I had an MG scare once. All my birds started to sneeze a bit, one had a rattle in her breath, another had swelling around her eyes. I considered culling the whole flock after researching, thinking it was MG... but the more I researched, the more I found that it's near impossible to avoid MG and a LARGE percentage of flocks have it, without ever knowing.. as stress brings it to light.
I then decided I would not worry about it. Not at that time. I wouldn't cull until my birds were suffering.. which they were not.
A few weeks later everyone was back to normal, I had only given them some vet Rx and dewormed them (in case of gape worm). They had gotten wet in the rain before getting sick, and either got a cold (or stressed). They've not been sick since, and that was the winter of 2013-2014.
No one enters my coop but I (and rarely my kids/husband) and I don't bring adult birds in. Chicks are automatically quarantined, because they inhabit a brooder for their first weeks. I don't visit chicken swaps or auctions (those seem just the worst idea ever...).
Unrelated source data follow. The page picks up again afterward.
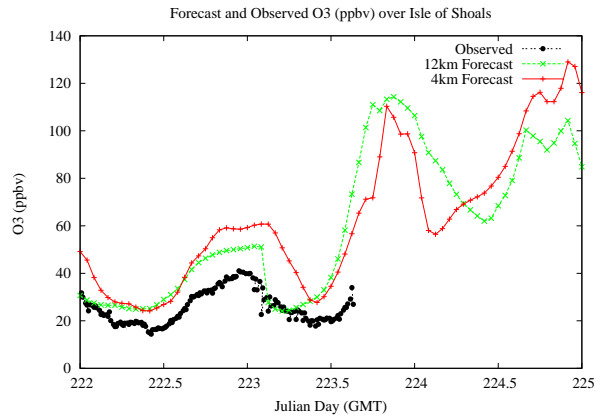

Forecast Results Compared to Measurements over Isle of Shoals

Forecast Results Compared to Measurements over Thompson Farm

Forecast Results Compared to Measurements over Castle Springs

Forecast Results Compared to Measurements over Mountain Washington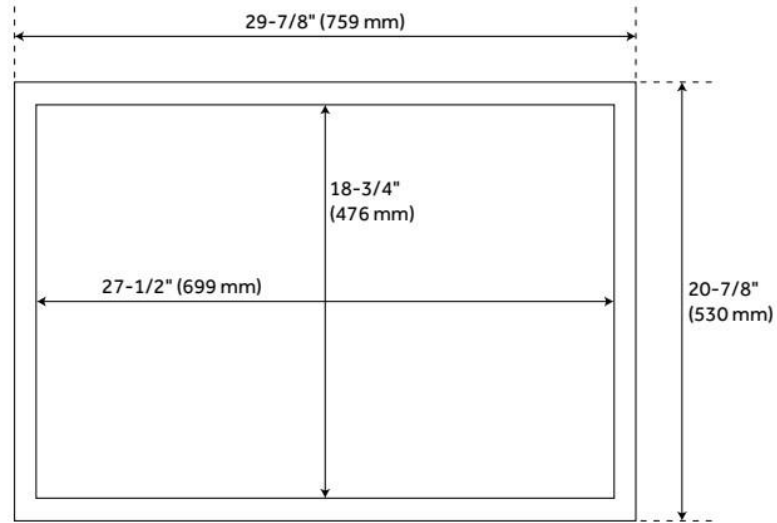

30" BECKER TEAK VANITY FOR RECTANGULAR UNDERMOUNT SINK - TEAK

SKU: 933117-RUMB

Code: SH463395, SH466934, SH463403, SH463396, SH463397, SH463398, SH463401, SH463402, SH463399, SH463400, SH463391, SH463392, SH463393, SH463394

REVISED 8/6/2024

But, I do not believe wiping out an entire flock because they are carriers is the answer. Ofcourse, if your birds are deathly ill, and you need to end their suffering, that's a different story. But don't be too scared of MG, it's out there, it's common and birds can carry it without you ever knowing. No quarantine can garantee you wont introduce it to your flock, it can go undetected for years. Same with Marek's. Unless your birds are never going to see daylight, you can not protect them 100%. Wild birds fly over and poop in your run.
Biosecurity is important, but you simply can't avoid ALL risk. Culling your flock every time is costly, heart breaking and frankly unneccesary.